● ACTIVITY
An exact reproduction is needed of every line from the beginning of the data down to and including the line that contains "Length of the", minus the pictures.
(Beginning of RECORD EXTRACTS)
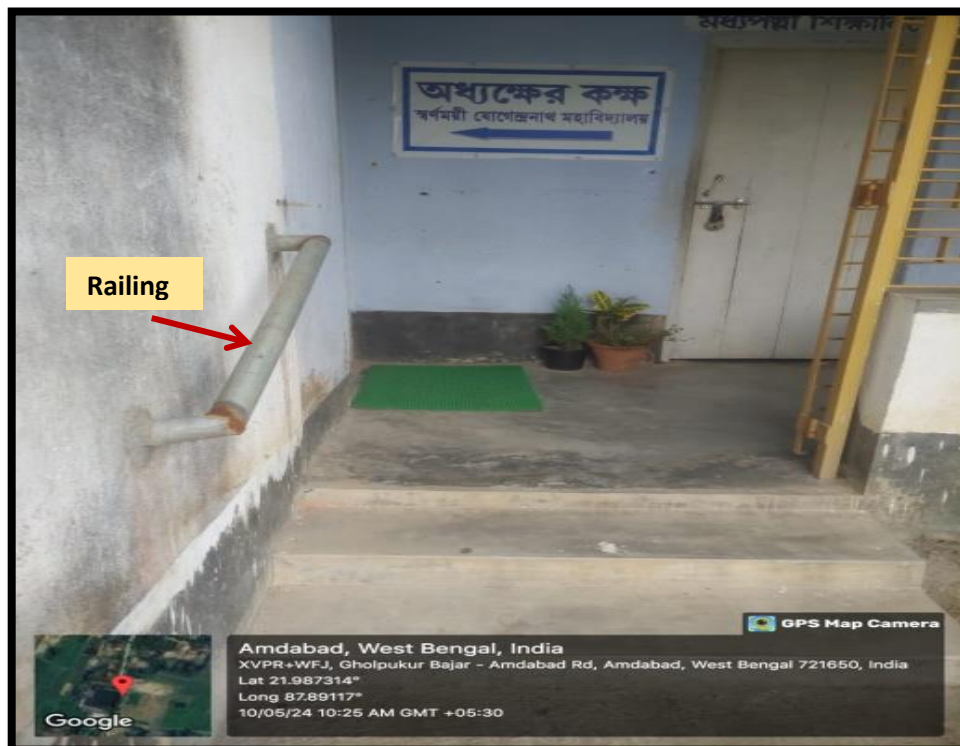

# SWARNAMOYEE JOGENDRANATH MAHAVIDYALAYA

Govt. Aided General Degree College | Estd.: 2014

At+P.O.: Amdabad, P.S.: Nandigram, Dist.: Purba Medinipur, PIN 721650

[www.sjmahavidyalaya.in](http://www.sjmahavidyalaya.in) | Email: [sjmahavidyalaya@gmail.com](mailto:sjmahavidyalaya@gmail.com)

## Slope/Ramp has been made in Different Step down Parts of the Campus along with Railings
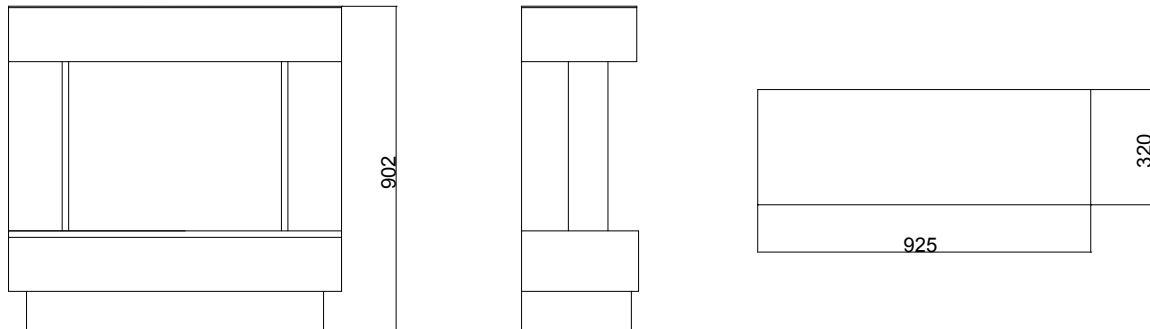

		Avalone White
General specifications	Fire system	Optiflame®
	Article number	111168
	EAN code	5011139111168
	Model	Freestanding fireplace
	View of the fire	1 sided
	Colour	White
	Decoration / fuel bed	Log set
Product size	Measurements view of the fire (WxH)	39 x 52 cm
	Outside dimensions WxHxD	90 x 90 x 32 cm
Features	Heat output	Yes
	Thermostat	Yes
	Remote control	Yes
	Manual controlling directly at the fireplace possible yes / no	Flame regulation
	Light module	LED
	Sound module	No
	Colour effects settings	No
Power consumption	Heat setting 1 in W	1400 W
	Heat setting 2 in W	-
	Flame only operation in W	7 W
	Max. consumption	1400 W
Voltage	Voltage/Electrical frequency	230V/50Hz
Specifications	Product weight in kg	37 kg
	Length of the cord	1,5 m
	Warranty	2 year
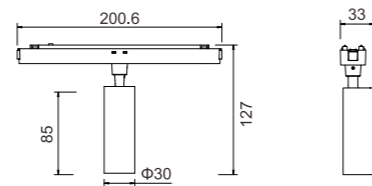

Dimensions (mm)

L200.6xΦ30xH127mm R-25T81105 (5W)
L200.6xΦ38xH146mm R-25T81112 (10W)
L200.6xΦ53xH172mm R-25T81120 (18W)
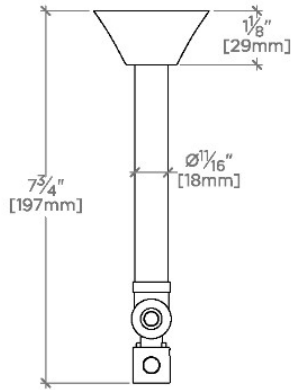

Universal

UWK2AS

Universal Modern Angle Watercloset Supply Kit 1/2" Sweat x 3/8" O.D. Compression

SHOWN IN UNIVERSAL MODERN ANGLE WATERCLOSET SUPPLY KIT 1/2" SWEAT X 3/8" O.D. COMPRESSION | UWK2AS

TECHNICAL DETAILS

UWK2AS

Universal Modern Angle Watercloset Supply Kit 1/2" Sweat x 3/8" O.D. Compression

TOP VIEW SCALE: 3"=1'-0"

FRONT VIEW SCALE: 3"=1'-0"

SIDE VIEW SCALE: 3"=1'-0"
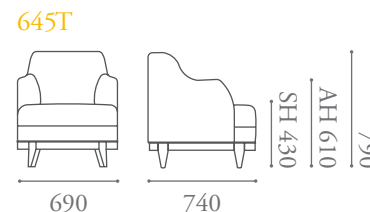

Siena Specification

Designed by Katerina Zachariades

The Siena collection of lounge chairs also includes daybeds, swivel chairs and benches. The tub chairs feature a flowing curved profile and tapered turned legs or, as an option, a polished timber show wood base.

[Shown as right arm, can be left arm.]
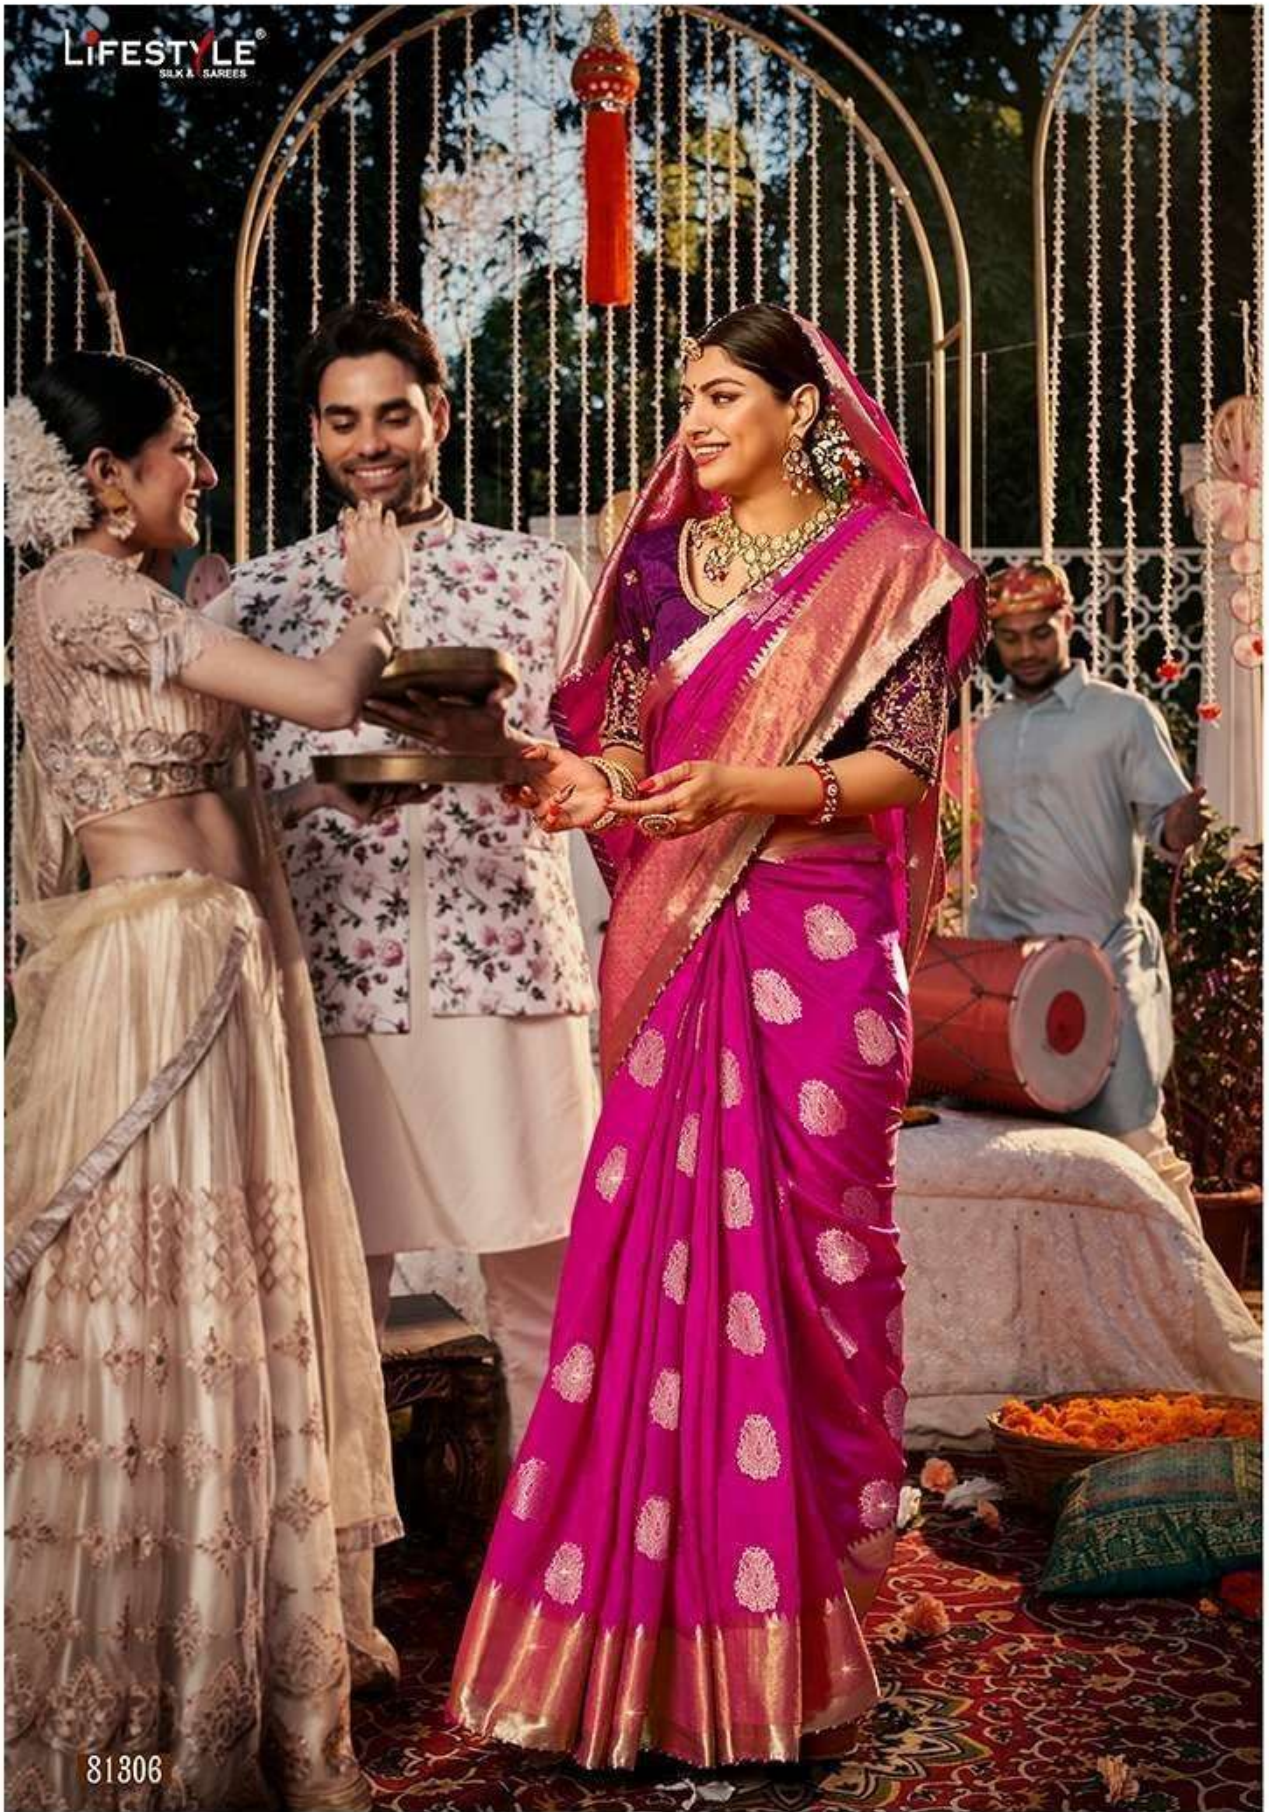

# RITI RIWAJ

DOUBLE BLOUSE SAREE

81301

81302

81303

81304

LIFESTYLE<sup>®</sup>  
SILK & SAREES

81306
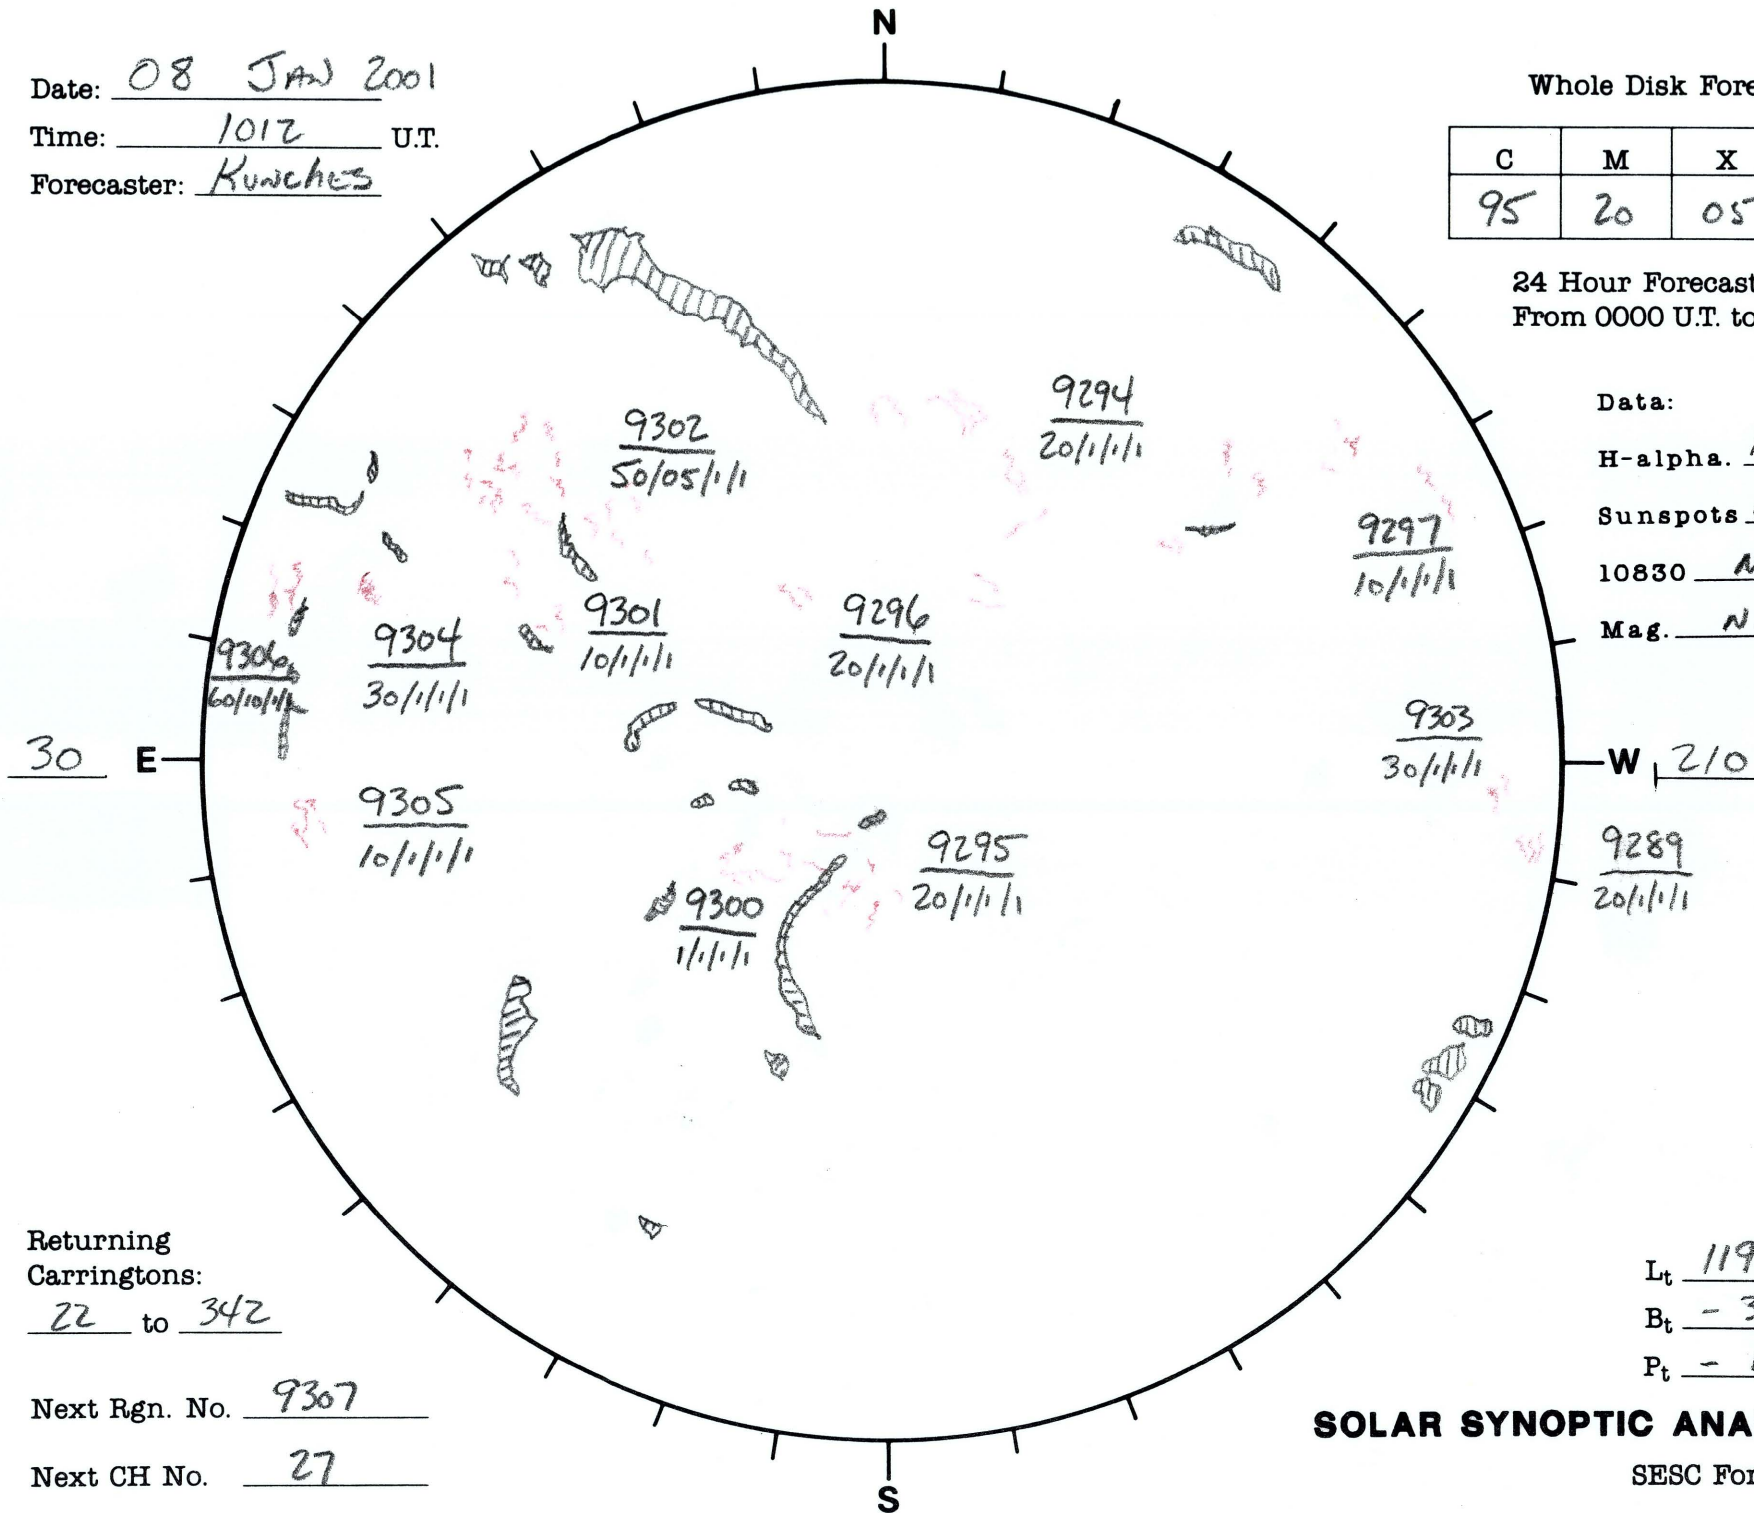

Date: 08 JAN 2001
 Time: 1012 U.T.
 Forecaster: Kunches

Whole Disk Forecast

C	M	X	P
95	20	05	05

24 Hour Forecast
 From 0000 U.T. to 0000 U.T.

Data:

H-alpha. 1012 U.T.
 Sunspots 1520 U.T.
 10830 NA U.T.
 Mag. NA U.T.

Returning Carringtons:
22 to 342

Next Rgn. No. 9307

Next CH No. 27

L_t 119.5
 B_t -3.9
 P_t -1.6

SOLAR SYNOPTIC ANALYSIS

SESC Form W18
(End of RECORD EXTRACTS)
● EXERCISE RESULT
# SWARNAMOYEE JOGENDRANATH MAHAVIDYALAYA

Govt. Aided General Degree College | Estd.: 2014

At+P.O.: Amdabad, P.S.: Nandigram, Dist.: Purba Medinipur, PIN 721650

[www.sjmahavidyalaya.in](http://www.sjmahavidyalaya.in) | Email: [sjmahavidyalaya@gmail.com](mailto:sjmahavidyalaya@gmail.com)

## Slope/Ramp has been made in Different Step down Parts of the Campus along with Railings

		Avalone White
General specifications	Fire system	Optiflame®
	Article number	111168
	EAN code	5011139111168
	Model	Freestanding fireplace
	View of the fire	1 sided
	Colour	White
	Decoration / fuel bed	Log set
Product size	Measurements view of the fire (WxH)	39 x 52 cm
	Outside dimensions WxHxD	90 x 90 x 32 cm
Features	Heat output	Yes
	Thermostat	Yes
	Remote control	Yes
	Manual controlling directly at the fireplace possible yes / no	Flame regulation
	Light module	LED
	Sound module	No
	Colour effects settings	No
Power consumption	Heat setting 1 in W	1400 W
	Heat setting 2 in W	-
	Flame only operation in W	7 W
	Max. consumption	1400 W
Voltage	Voltage/Electrical frequency	230V/50Hz
Specifications	Product weight in kg	37 kg
	Length of the cord	1,5 m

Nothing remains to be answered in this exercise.